If that doesn't get done in time for Version 12, or is deemed too
risky, it can probably slip. It means people may not benefit from
META 2.0 changes in newly released distributions unless they upgrade
CPAN/CPANPLUS, but there will be a period of adoption anyway before
META 2.0 becomes widespread
* Distribution generators (M::B, EU::MM, M::I) -- need to be changed
to generate legal 2.0 META files. This will be the most significant
effort as there will be many subtle and not-so-subtle changes. But as
this only affects authors, they can reasonably upgrade their tools
before releasing new distributions.
As a side note, it would be great to get all three of M::B, EU::MM and
M::I generating the new MYMETA files for CPAN toolchain to communicate
dependencies in a standardized way. CPAN.pm already supports it in
core; I don't know about CPANPLUS; Module::Build dev supports it;
there's been some work on M::I and EU::MM, but I don't know the
status.
If I had to prioritize an area of work for November, I'd actually pick
MYMETA over the 2.0 spec. It's lower risk and higher reward.
-- David
At this point, does the toolchain group have a good sense of what "may
not benefit from" means? Will people be unable to install modules using
the new spec? Will they have to manually resolve dependencies? Or will
there be some sort of glue in the PAUSE/CPAN toolchain to make it
transparent to users?
It sounds like the new infrastructure is going to make a lot of module
installation issues a lot easier to deal with once it's fully
operational. I just want to make sure that we understand the
reprecussions of a partial adoption before we ship 5.12.
Best,
Jesse
One of the bigger changes visible to end users will be clarified
semantic around prerequisites. Particularly, the creation of the
"prefers" category that I mentioned for modules that are optional but
really should be installed. Right now, CPAN/CPANPLUS completely
ignore "recommends" in META.yml. In the near future, CPAN/CPANPLUS
should install "requires" and "prefers" by default and should give
users the option of installing "recommends". This is a better approach
that haphazard prompting that happens today in *.PL files.
That's one example.
David
Just to add my $0.02...
I think your tenure on the PSC has been a major "net good" for Perl. Perl itself, the processes, the community and ecosystem have come a long way in the last four years.
I always look forward to reading your P5P emails from you because
they're very clear, concise, and positive.

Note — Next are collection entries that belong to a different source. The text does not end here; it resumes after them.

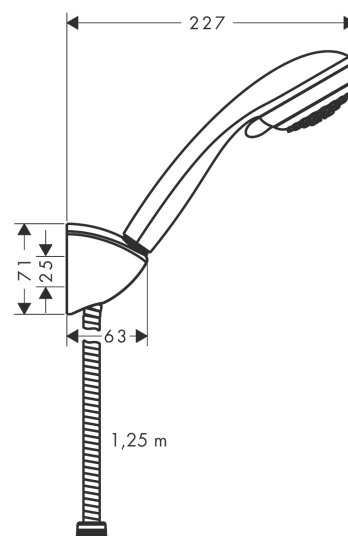

Crometta 85

Душевой набор Vario с держателем и шлангом 125 см

Поверхности : хром Артикульный номер: 27558000

Описание

Характеристики

- состоит из: ручной душ, держатель для душа, шланг для душа
- размер душевого диска: 85 мм
- тип струи: Vario, обычная
- переключение типов струи с помощью вращающегося душевого диска
- максимальный расход воды при 3 бар: 17 л/мин

Технология

Продукт

Чертеж

График расхода воды

Расход измерен практически с помощью соответствующей арматуры (термостат/смеситель/скрытый клапан).
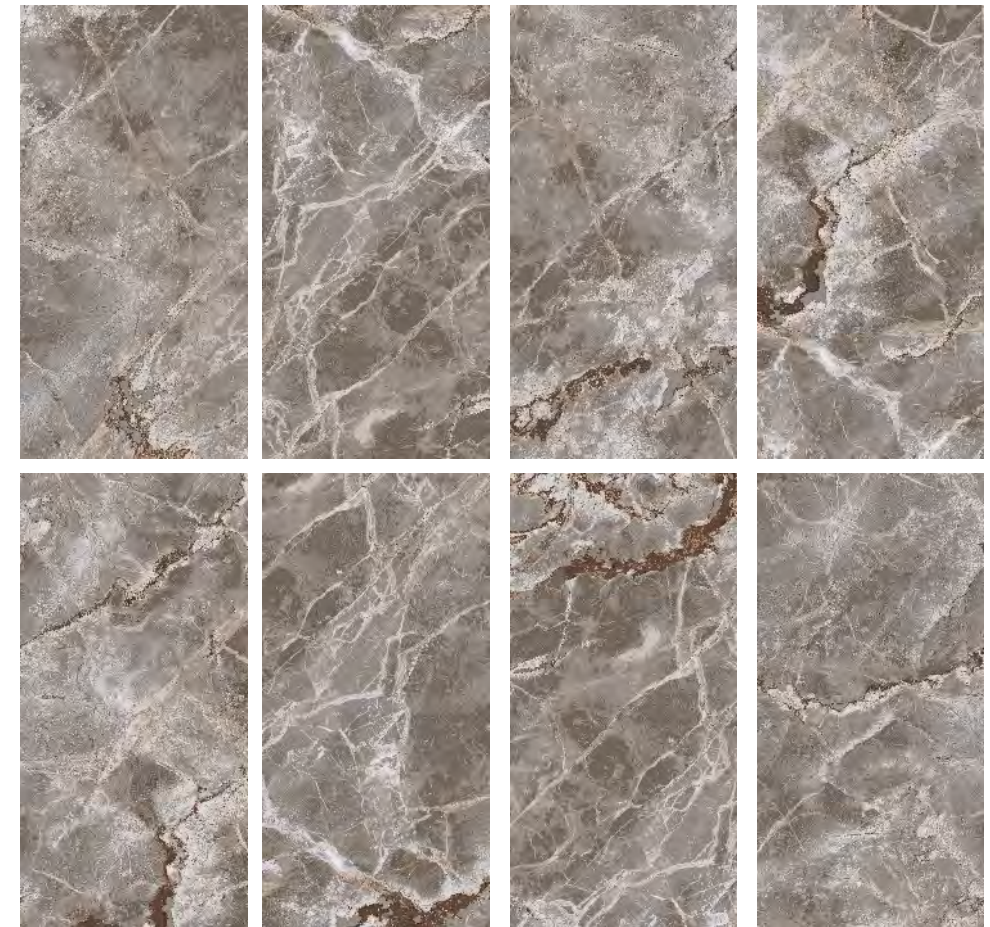

Sırlı Porselen Karo / Glazed Porcelain Tile

GIZA

60x120

791912 **Giza Bej / Beige** 60x120cm / 24"x 48"

3

791911 **Giza Vizon / Mink** 60x120cm / 24"x 48"

7

Giza Bej / Beige

There is some amount of
"noise" on P5P, but everything that comes from you is "signal".
That's a fancy way of saying you raise the Signal to Noise ratio
on this list (and all around Perl) in a very significant manner.
You underestimate your contribution to Perl, but I'm here to tell you it's been considerable.
- scottchiefbaker
In the end, this was not to be. The era of the keeper of the patch pumpkin ended in 2020 with the adoption of perlgov and creation of the Perl Steering Council. I had retired from perl5-porters, but came back to try to help with what felt like something of a crisis. I didn't intend to stick around for three years, but here we are.
I am generally pleased with the work we got into the last two releases perl, but I don't think my contributions can, at this point, significantly impact the project's effective momentum and direction. I once read an article saying that burnout can be the result of an extended effort leading to negligible results. I want to avoid that fate, and to focus on things where I feel I will make a difference in the future, the way I feel I have, in the past, with Perl.
To that end, I will not be running for reelection to the steering council. I will continue to perform whatever small duties are required between now and the end of the election, but after that, you should expect me to return to my pre-2020 role as mostly-quiet lurker on the list.
I am proud of my work with p5p, and hope those of you with whom I collaborated are, too. I'm going to keep writing Perl for a long time to come, so I look forward to seeing what the team produces next!
To that end, I will not be running for reelection to the steering council.